WORK INSTRUCTIONS
Look for "barrettes" in the records and copy every line that has it.

DATA IN THIS EXERCISE
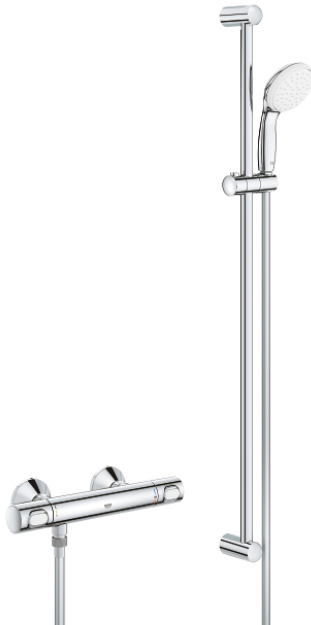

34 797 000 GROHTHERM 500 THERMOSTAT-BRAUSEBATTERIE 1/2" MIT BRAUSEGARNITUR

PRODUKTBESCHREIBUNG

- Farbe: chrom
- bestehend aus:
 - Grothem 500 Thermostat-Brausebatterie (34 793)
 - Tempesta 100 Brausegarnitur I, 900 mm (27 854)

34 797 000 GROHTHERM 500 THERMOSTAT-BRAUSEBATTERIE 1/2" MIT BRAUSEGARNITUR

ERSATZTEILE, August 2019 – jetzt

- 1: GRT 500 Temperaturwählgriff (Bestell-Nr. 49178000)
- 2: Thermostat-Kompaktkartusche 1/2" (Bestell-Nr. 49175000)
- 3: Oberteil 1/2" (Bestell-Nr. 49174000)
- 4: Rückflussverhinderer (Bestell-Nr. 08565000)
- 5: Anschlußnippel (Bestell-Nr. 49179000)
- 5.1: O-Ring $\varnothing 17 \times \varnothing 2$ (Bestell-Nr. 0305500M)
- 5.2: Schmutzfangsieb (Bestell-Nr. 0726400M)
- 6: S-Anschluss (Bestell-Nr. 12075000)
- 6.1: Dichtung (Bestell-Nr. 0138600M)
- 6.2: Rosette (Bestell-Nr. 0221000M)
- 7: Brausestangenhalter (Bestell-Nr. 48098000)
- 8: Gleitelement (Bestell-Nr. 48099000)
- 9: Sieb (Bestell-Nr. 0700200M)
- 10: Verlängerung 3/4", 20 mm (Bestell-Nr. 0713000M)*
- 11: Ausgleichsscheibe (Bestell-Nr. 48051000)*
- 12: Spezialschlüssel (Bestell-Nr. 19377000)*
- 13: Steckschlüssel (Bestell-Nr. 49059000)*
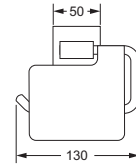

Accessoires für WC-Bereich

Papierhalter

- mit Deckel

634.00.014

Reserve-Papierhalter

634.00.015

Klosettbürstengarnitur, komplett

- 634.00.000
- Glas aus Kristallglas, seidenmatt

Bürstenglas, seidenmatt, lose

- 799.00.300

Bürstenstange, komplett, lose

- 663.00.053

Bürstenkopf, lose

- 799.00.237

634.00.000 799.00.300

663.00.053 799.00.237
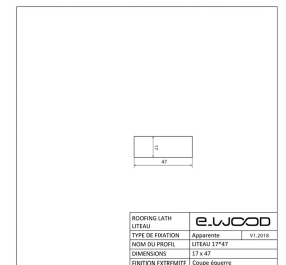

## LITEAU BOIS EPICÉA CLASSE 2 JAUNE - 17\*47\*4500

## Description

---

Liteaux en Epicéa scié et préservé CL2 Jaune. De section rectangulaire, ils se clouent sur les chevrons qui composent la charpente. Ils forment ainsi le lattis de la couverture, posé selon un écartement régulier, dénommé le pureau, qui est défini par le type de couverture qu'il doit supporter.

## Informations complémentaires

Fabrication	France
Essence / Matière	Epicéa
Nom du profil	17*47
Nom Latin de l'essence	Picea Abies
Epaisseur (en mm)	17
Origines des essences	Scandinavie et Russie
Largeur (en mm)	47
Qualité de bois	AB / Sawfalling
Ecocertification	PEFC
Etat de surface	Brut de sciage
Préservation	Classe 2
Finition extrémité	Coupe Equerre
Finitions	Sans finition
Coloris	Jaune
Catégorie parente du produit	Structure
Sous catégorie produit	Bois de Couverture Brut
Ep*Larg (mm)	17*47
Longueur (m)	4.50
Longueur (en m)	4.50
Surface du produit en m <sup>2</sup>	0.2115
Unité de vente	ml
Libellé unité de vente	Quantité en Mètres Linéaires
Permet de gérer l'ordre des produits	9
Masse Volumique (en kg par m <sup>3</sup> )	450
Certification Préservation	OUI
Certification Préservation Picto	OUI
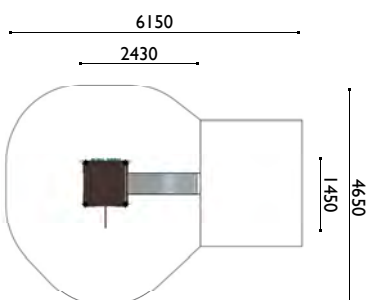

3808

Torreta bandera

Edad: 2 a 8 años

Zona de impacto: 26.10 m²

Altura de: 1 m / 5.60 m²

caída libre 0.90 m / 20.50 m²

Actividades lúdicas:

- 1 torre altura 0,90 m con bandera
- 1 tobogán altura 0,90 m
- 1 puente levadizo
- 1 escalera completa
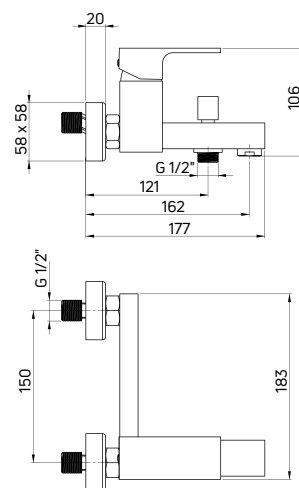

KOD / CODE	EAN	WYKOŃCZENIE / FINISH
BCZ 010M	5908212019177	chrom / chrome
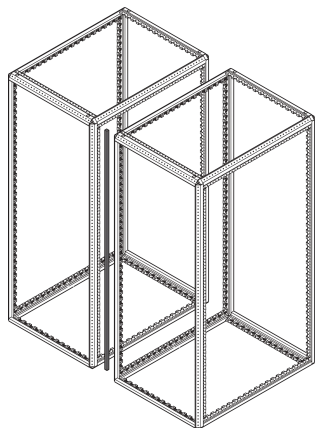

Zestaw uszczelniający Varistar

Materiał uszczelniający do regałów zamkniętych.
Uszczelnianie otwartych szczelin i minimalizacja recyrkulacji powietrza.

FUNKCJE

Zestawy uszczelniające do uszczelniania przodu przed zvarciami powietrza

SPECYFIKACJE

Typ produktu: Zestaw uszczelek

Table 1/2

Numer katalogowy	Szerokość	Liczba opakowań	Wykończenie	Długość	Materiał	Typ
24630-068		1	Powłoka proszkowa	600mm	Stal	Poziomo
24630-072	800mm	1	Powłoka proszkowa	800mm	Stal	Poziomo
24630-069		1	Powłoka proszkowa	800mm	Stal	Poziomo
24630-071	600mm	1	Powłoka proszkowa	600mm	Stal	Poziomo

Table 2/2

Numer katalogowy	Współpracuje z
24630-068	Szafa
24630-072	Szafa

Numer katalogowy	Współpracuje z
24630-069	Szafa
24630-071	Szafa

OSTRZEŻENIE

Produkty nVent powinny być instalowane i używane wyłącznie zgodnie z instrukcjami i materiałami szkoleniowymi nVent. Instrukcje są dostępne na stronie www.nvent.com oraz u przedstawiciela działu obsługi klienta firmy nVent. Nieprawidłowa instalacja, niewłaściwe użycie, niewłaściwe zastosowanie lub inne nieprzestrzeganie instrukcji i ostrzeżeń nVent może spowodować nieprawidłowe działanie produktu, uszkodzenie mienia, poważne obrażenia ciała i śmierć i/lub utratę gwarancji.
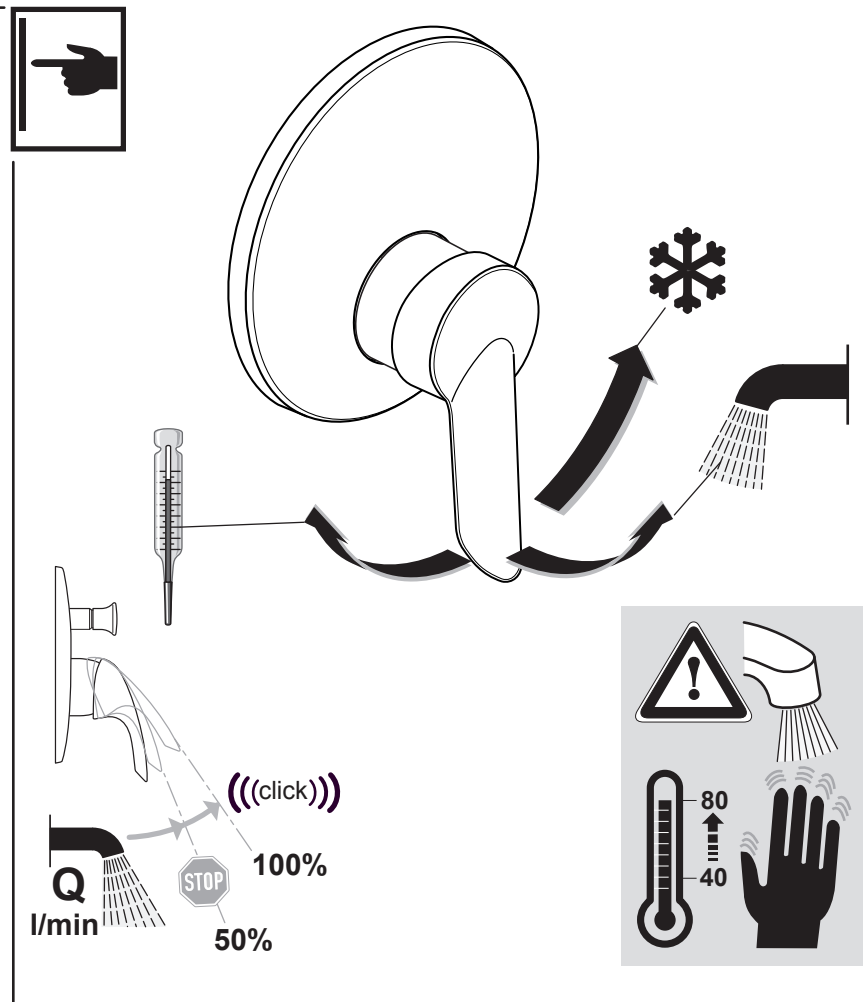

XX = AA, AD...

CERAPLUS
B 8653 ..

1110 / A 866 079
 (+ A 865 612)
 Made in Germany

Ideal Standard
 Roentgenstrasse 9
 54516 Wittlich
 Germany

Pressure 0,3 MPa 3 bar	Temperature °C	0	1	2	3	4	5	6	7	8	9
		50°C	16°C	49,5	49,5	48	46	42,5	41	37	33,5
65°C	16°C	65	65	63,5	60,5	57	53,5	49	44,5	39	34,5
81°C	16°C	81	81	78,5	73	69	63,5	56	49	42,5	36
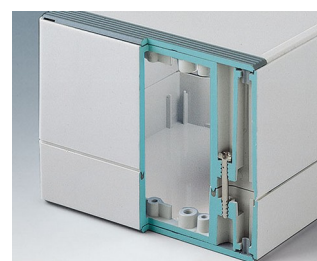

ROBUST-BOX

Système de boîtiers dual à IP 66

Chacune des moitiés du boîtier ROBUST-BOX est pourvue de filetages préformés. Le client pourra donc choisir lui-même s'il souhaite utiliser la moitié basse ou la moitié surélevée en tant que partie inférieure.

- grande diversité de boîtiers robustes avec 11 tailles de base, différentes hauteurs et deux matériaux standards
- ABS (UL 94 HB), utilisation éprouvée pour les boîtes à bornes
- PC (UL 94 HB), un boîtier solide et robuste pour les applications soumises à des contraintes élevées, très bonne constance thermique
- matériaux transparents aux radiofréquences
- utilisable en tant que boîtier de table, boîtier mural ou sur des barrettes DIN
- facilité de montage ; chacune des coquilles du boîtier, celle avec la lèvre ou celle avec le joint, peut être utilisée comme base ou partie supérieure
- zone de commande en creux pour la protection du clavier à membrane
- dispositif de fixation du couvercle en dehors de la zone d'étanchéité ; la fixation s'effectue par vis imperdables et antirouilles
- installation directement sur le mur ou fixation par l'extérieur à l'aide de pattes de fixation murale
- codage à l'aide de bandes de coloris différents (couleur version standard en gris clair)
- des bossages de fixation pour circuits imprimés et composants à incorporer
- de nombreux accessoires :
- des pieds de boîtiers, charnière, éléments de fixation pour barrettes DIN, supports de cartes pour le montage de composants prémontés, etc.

RESULT FOR THIS EXERCISE
- utilisable en tant que boîtier de table, boîtier mural ou sur des barrettes DIN
- des pieds de boîtiers, charnière, éléments de fixation pour barrettes DIN, supports de cartes pour le montage de composants prémontés, etc.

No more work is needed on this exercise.